● Recorded information
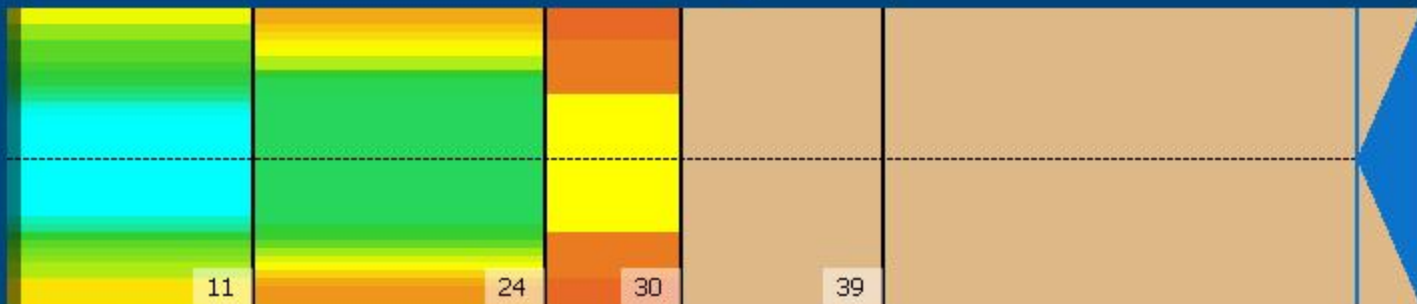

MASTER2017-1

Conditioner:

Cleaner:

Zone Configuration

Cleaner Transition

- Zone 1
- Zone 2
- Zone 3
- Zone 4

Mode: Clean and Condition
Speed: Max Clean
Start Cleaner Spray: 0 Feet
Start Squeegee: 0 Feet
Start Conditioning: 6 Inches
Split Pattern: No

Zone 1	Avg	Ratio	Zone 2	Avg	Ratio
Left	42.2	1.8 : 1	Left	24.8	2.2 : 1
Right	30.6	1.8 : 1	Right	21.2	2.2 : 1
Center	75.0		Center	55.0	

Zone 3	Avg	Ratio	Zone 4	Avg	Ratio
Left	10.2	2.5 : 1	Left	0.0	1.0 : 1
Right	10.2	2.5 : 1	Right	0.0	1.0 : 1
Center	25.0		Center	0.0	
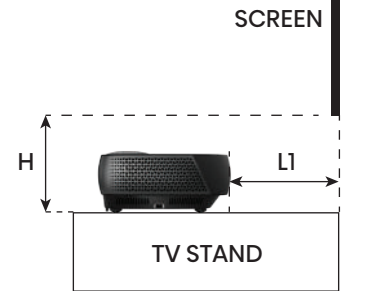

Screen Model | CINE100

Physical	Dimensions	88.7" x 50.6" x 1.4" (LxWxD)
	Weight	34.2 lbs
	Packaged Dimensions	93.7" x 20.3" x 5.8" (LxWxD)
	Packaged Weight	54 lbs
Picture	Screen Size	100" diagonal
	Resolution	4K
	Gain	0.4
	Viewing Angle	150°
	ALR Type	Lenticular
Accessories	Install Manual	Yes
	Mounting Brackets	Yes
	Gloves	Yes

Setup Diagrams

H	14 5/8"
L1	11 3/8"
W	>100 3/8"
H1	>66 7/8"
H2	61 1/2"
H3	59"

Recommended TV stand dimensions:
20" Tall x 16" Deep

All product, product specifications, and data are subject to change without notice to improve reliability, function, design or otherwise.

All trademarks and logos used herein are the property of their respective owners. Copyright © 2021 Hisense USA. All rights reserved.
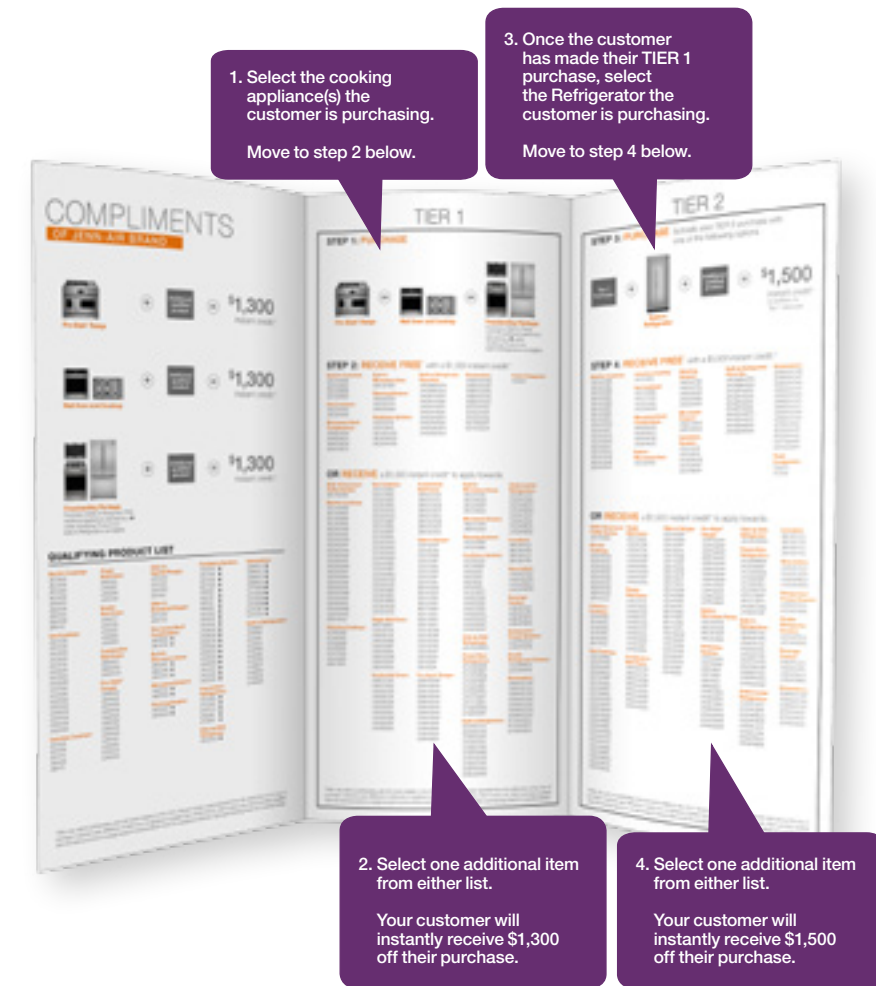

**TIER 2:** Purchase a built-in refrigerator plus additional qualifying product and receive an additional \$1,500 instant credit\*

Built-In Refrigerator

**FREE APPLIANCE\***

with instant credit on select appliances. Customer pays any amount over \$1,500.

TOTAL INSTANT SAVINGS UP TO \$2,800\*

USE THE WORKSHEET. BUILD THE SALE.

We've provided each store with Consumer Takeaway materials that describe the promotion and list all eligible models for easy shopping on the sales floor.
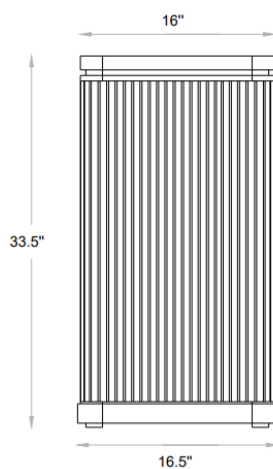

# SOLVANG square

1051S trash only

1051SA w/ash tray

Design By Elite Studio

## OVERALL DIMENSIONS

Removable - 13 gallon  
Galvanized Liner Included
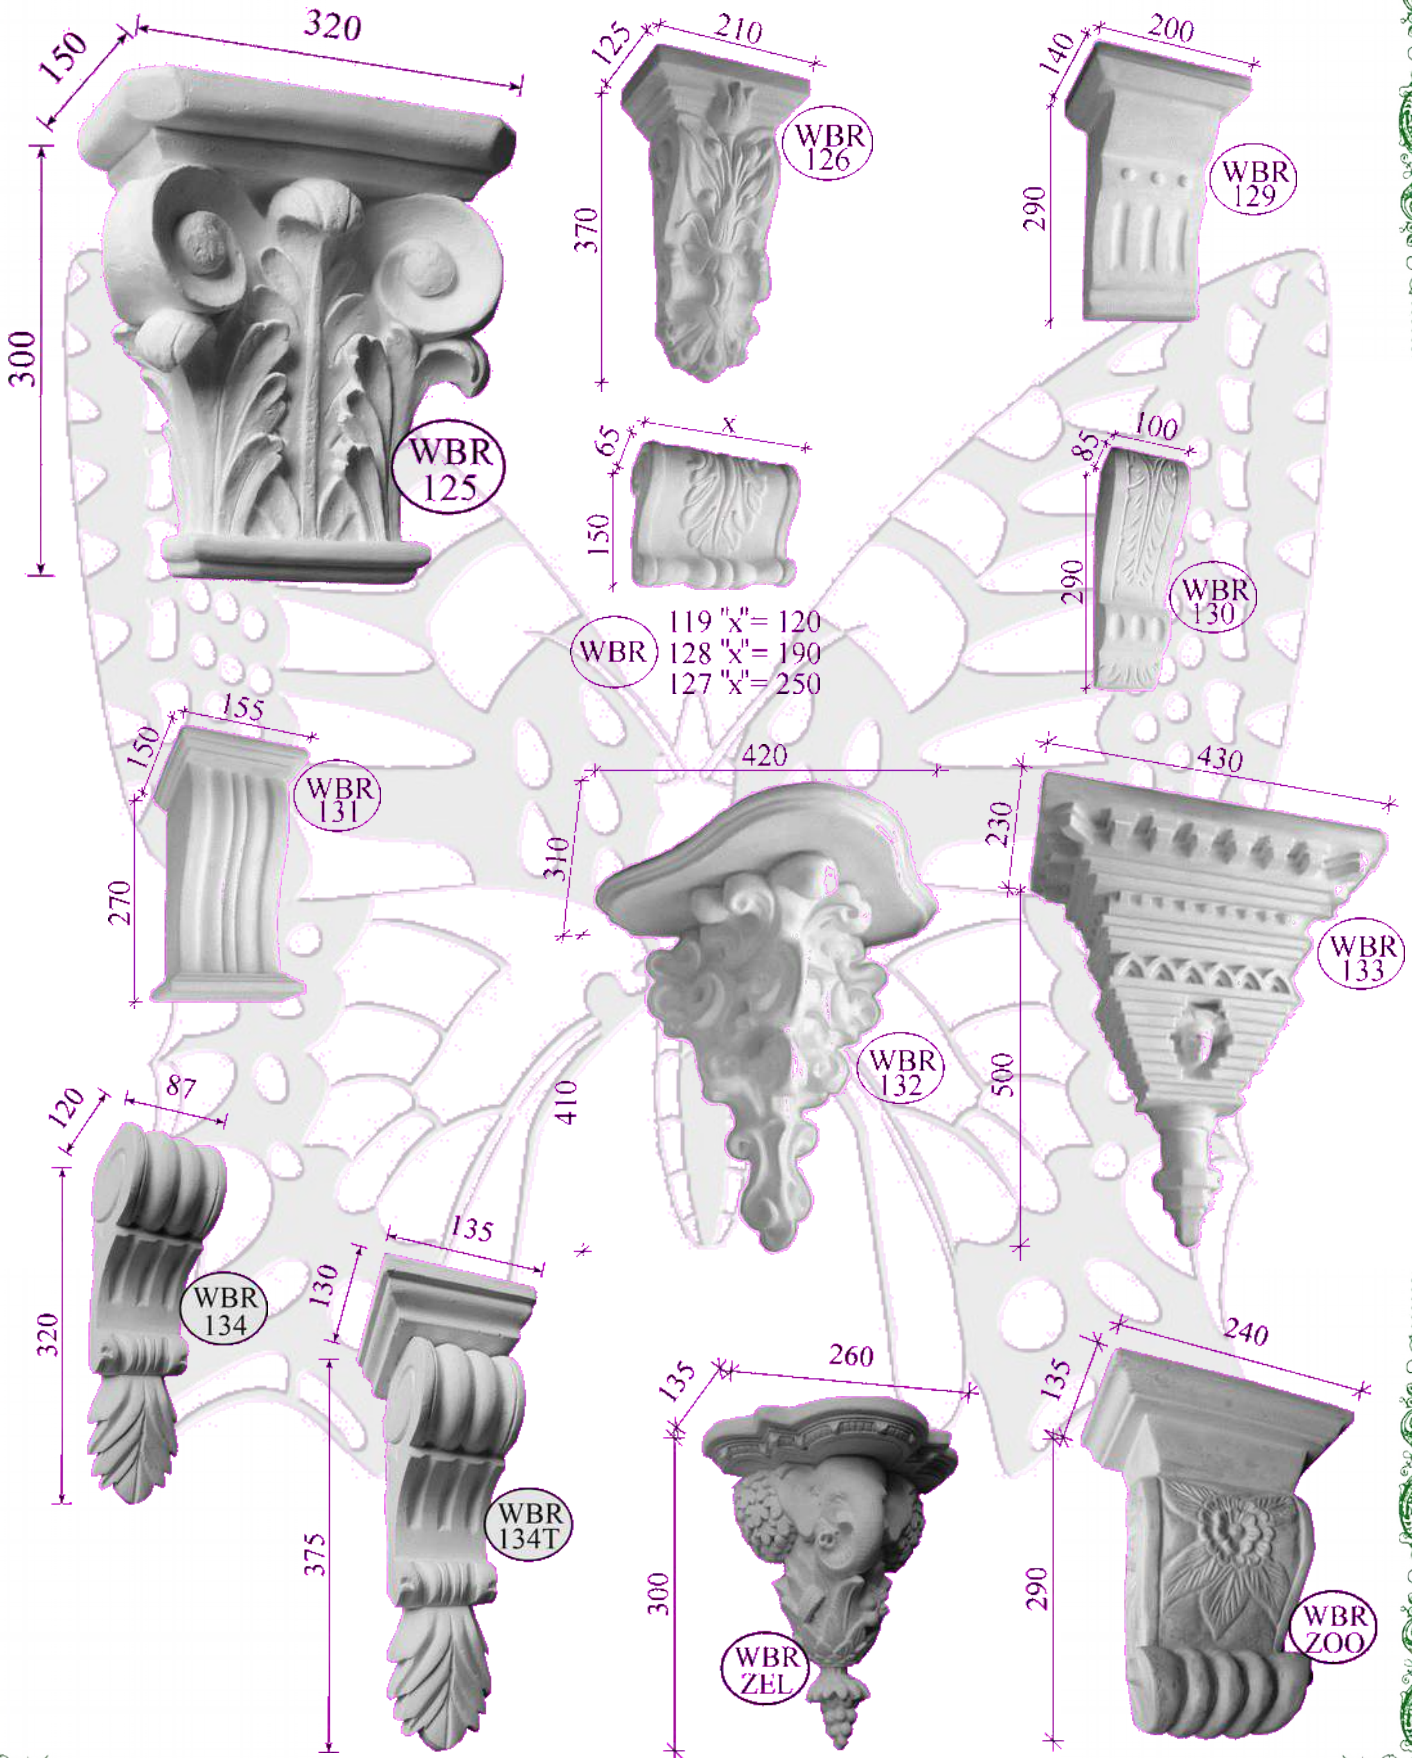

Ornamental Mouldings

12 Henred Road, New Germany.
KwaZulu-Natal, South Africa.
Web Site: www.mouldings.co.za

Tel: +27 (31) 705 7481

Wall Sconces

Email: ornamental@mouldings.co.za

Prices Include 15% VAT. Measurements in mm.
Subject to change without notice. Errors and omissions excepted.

● What the task asks
Lines containing the word "notice" are to be pulled from the records and copied.

● Task response
All product, product specifications, and data are subject to change without notice to improve reliability, function, design or otherwise.
Subject to change without notice. Errors and omissions excepted.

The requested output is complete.